1. ## moment-generating function

$\displaystyle Y$ have pdf $\displaystyle P(Y=k)=(k+1)p^2 q^k$, with $\displaystyle 0<p<1$and $\displaystyle q=1-p$ and $\displaystyle k=0,1,2,...$
Is easy prove that $\displaystyle M_{Y}(t)=p^2 (1-qe^t)^2$. Let $\displaystyle X=Y_1+\cdots Y_{24}$, with $\displaystyle Y_{i}$ with same distribution of $\displaystyle Y$
Calculate $\displaystyle M_{X}(t)$

Note: $\displaystyle M_Y (t)=E(e^{tk})$

2. Originally Posted by jorgeston
$\displaystyle Y$ have pdf $\displaystyle P(Y=k)=(k+1)p^2 p^k$, with $\displaystyle 0<p<1$and $\displaystyle q=1-p$ and $\displaystyle k=0,1,2,...$
Is easy prove that $\displaystyle M_{Y}(t)=p^2 (1-qe^t)^2$. Let $\displaystyle X=Y_1+\cdots Y_{24}$, with $\displaystyle Y_{i}$ with same distribution of $\displaystyle Y$
Calculate $\displaystyle M_{X}(t)$

Note: $\displaystyle M_Y (t)=E(e^{tk})$
I have no time now.
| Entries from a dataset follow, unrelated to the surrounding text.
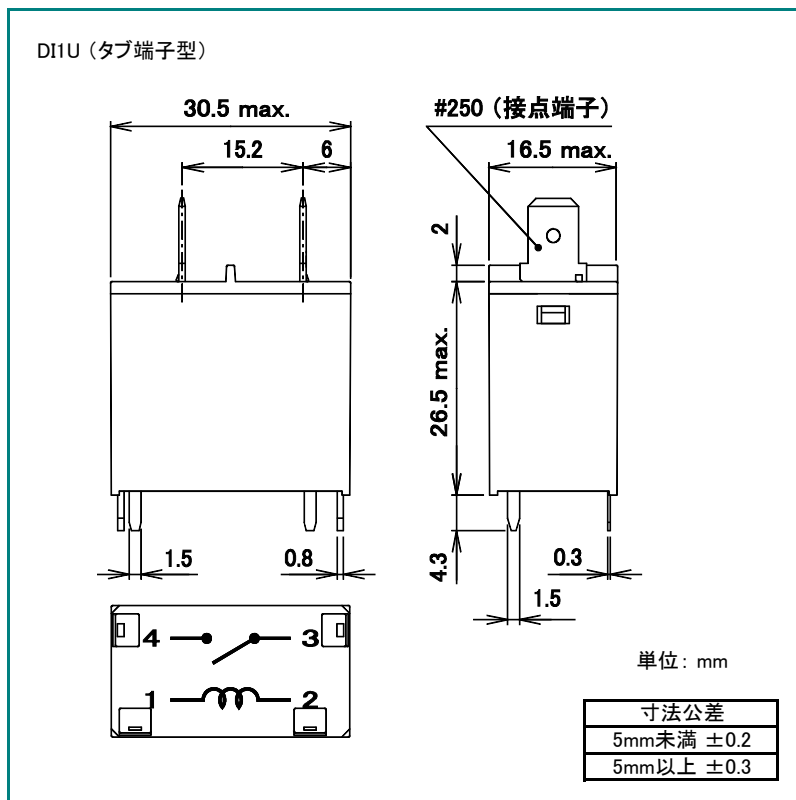

DIシリーズ

■ 外形寸法図

■ 接続図

■ プリント基板穴あけ寸法図 (公差±0.1)

■ 外形寸法図

■ 接続図

■ プリント基板穴あけ寸法図 (公差±0.1)

DECはリレーの専門メーカーです

I'll reply later if no-one else does.

3. $\displaystyle X = 24Y$. Note that $\displaystyle M_{aY+b} = e^{bt} M_{Y}(at)$. In this case, $\displaystyle b = 0$ and $\displaystyle a = 24$. So $\displaystyle M_{24Y}(t) = M_{X}(t) = p^2(1-qe^{24t})^{2}$.

4. Originally Posted by tukeywilliams
$\displaystyle X = 24Y$. Note that $\displaystyle M_{aY+b} = e^{bt} M_{Y}(at)$. In this case, $\displaystyle b = 0$ and $\displaystyle a = 24$. So $\displaystyle M_{24Y}(t) = M_{X}(t) = p^2(1-qe^{24t})^{2}$.
If you have reason, i don't understand why $\displaystyle Y_1=Y_2=\cdots = Y_{24}$

If this is true, implies $\displaystyle X=24Y$, but i am confused

5. Originally Posted by jorgeston
If you have reason, i don't understand why $\displaystyle Y_1=Y_2=\cdots = Y_{24}$

If this is true, implies $\displaystyle X=24Y$, but i am confused
*Ahem* Didn't you say in your question:

"with with same distribution of " ....?